In the entries below, find each line with the string "Sarah" and copy it.

<<<<

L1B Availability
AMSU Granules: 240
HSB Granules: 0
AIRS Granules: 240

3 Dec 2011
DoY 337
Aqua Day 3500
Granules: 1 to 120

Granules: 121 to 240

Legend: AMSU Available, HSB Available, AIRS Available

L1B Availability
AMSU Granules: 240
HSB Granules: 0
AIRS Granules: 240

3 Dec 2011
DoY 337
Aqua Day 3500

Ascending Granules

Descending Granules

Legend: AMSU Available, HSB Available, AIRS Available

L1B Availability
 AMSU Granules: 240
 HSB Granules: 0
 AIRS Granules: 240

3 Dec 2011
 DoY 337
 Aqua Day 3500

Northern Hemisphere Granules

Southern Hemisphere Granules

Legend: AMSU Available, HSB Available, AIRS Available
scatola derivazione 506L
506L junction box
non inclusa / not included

>>>>
<<<<

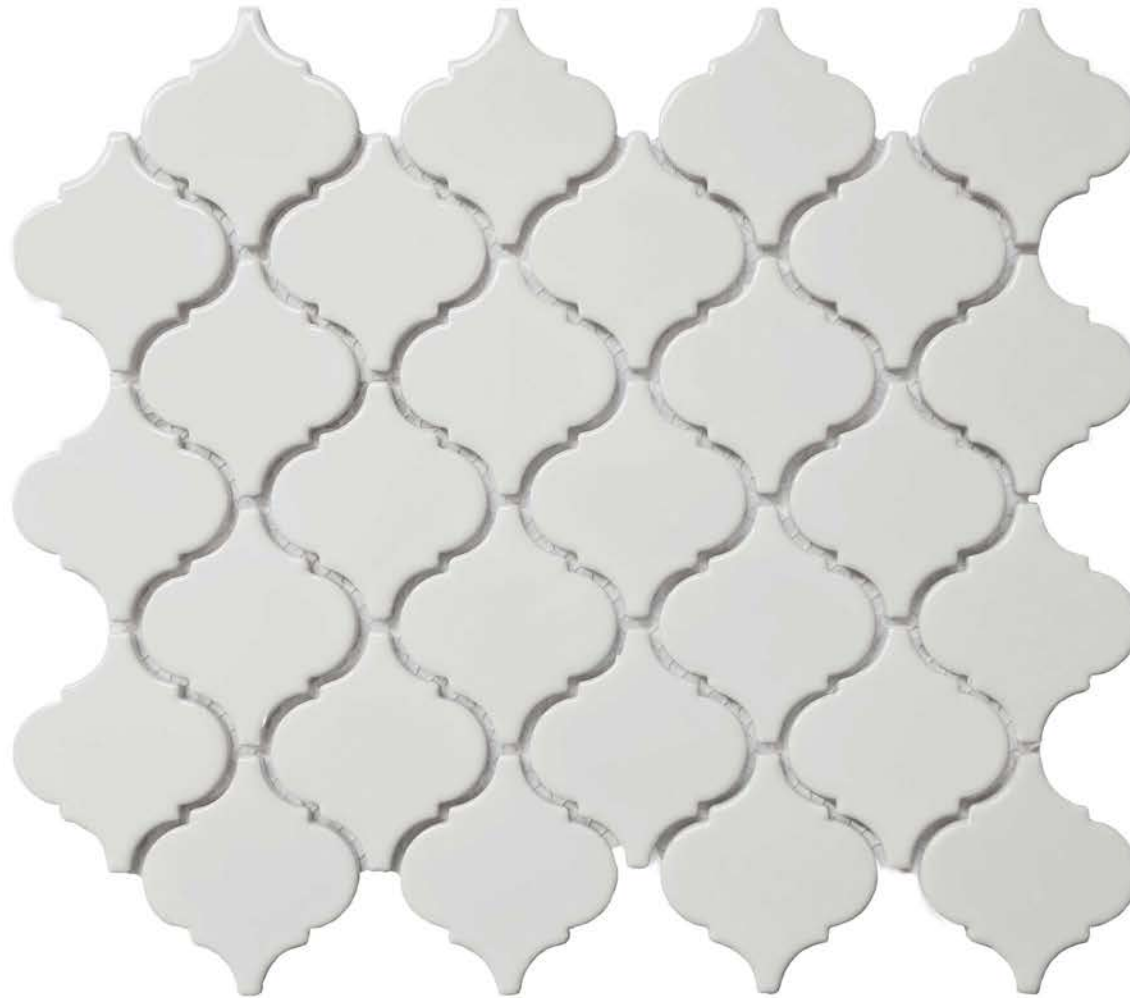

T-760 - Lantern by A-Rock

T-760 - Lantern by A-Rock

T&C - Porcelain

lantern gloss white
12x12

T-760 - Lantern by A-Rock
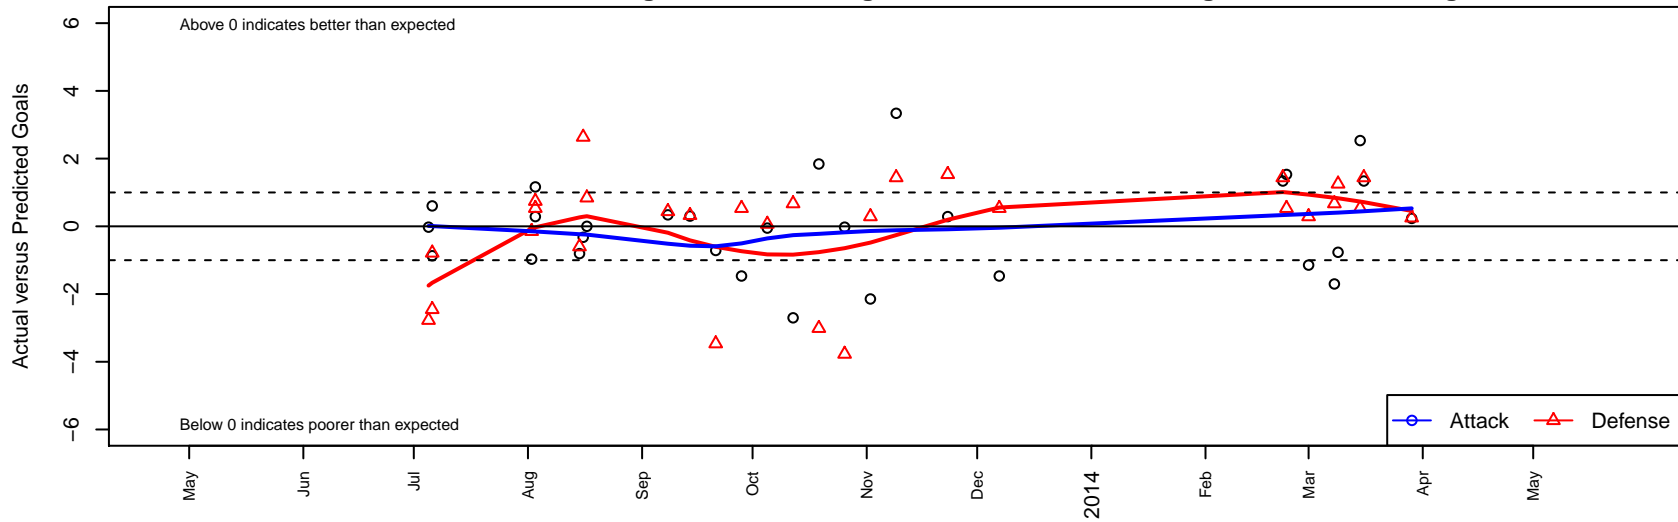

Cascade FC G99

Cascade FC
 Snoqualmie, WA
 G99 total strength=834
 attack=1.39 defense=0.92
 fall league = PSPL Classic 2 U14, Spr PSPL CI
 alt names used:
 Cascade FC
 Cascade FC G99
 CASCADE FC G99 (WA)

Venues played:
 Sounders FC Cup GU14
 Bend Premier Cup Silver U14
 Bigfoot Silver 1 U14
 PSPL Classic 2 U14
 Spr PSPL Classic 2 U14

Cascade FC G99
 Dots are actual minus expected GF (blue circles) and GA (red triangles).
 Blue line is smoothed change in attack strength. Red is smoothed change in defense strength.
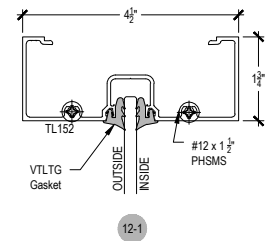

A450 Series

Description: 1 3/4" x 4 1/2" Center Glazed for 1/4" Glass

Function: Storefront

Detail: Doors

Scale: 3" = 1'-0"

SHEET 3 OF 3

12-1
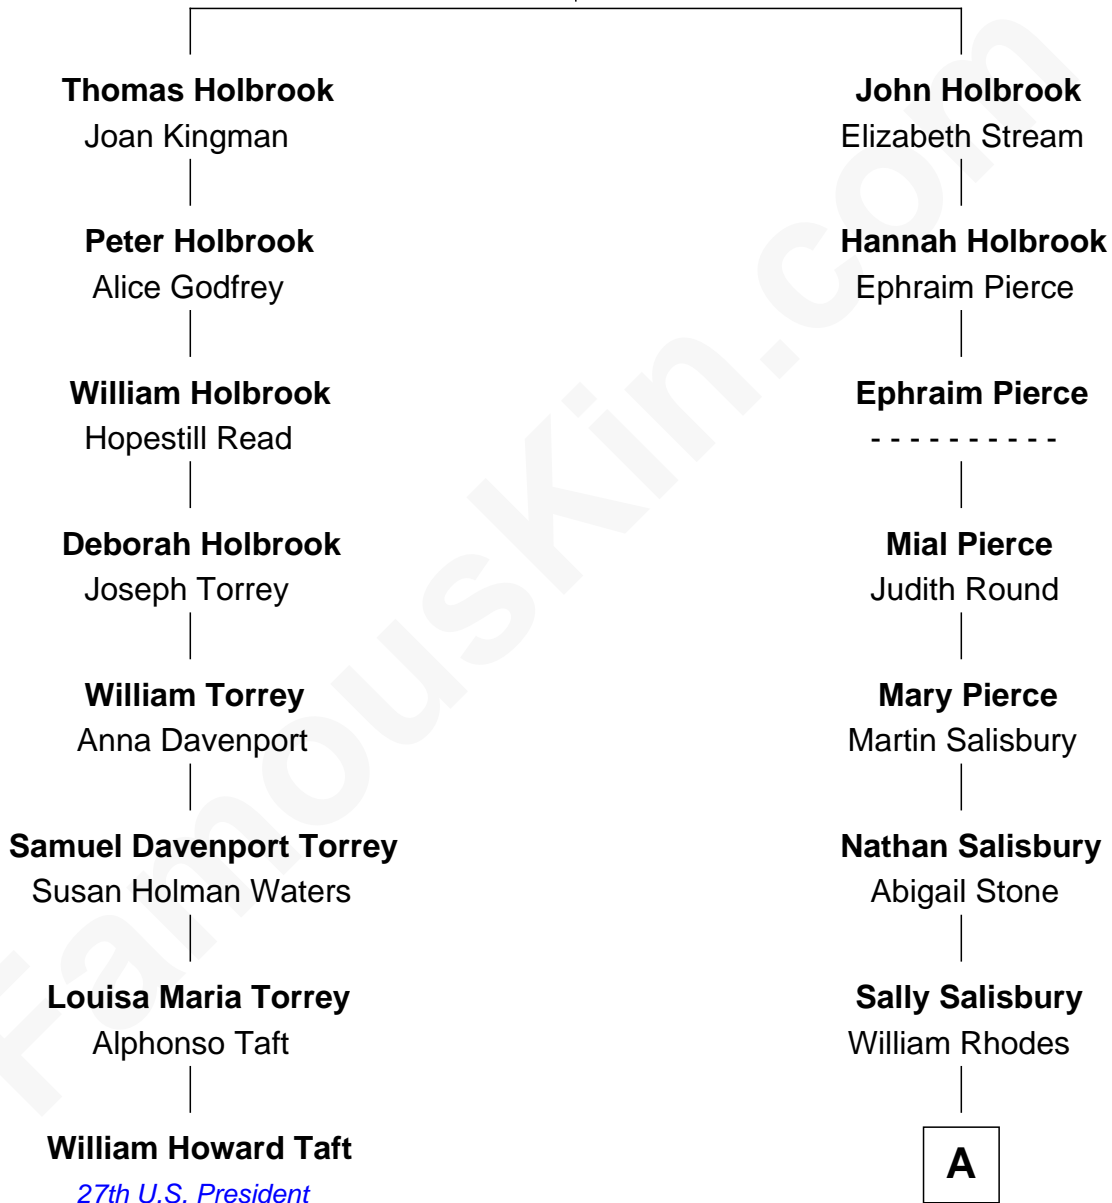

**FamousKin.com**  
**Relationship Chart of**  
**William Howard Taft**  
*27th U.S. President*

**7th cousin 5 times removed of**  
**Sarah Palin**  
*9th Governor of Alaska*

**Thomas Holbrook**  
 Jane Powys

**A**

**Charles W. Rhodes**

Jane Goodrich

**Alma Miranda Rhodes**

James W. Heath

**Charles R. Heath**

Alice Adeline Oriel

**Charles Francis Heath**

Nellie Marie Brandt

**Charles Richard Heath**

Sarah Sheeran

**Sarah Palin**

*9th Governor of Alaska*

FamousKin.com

>>>>

* [RESPONSE AREA]
**Sarah Palin**  
Sarah Sheeran
**Sarah Palin**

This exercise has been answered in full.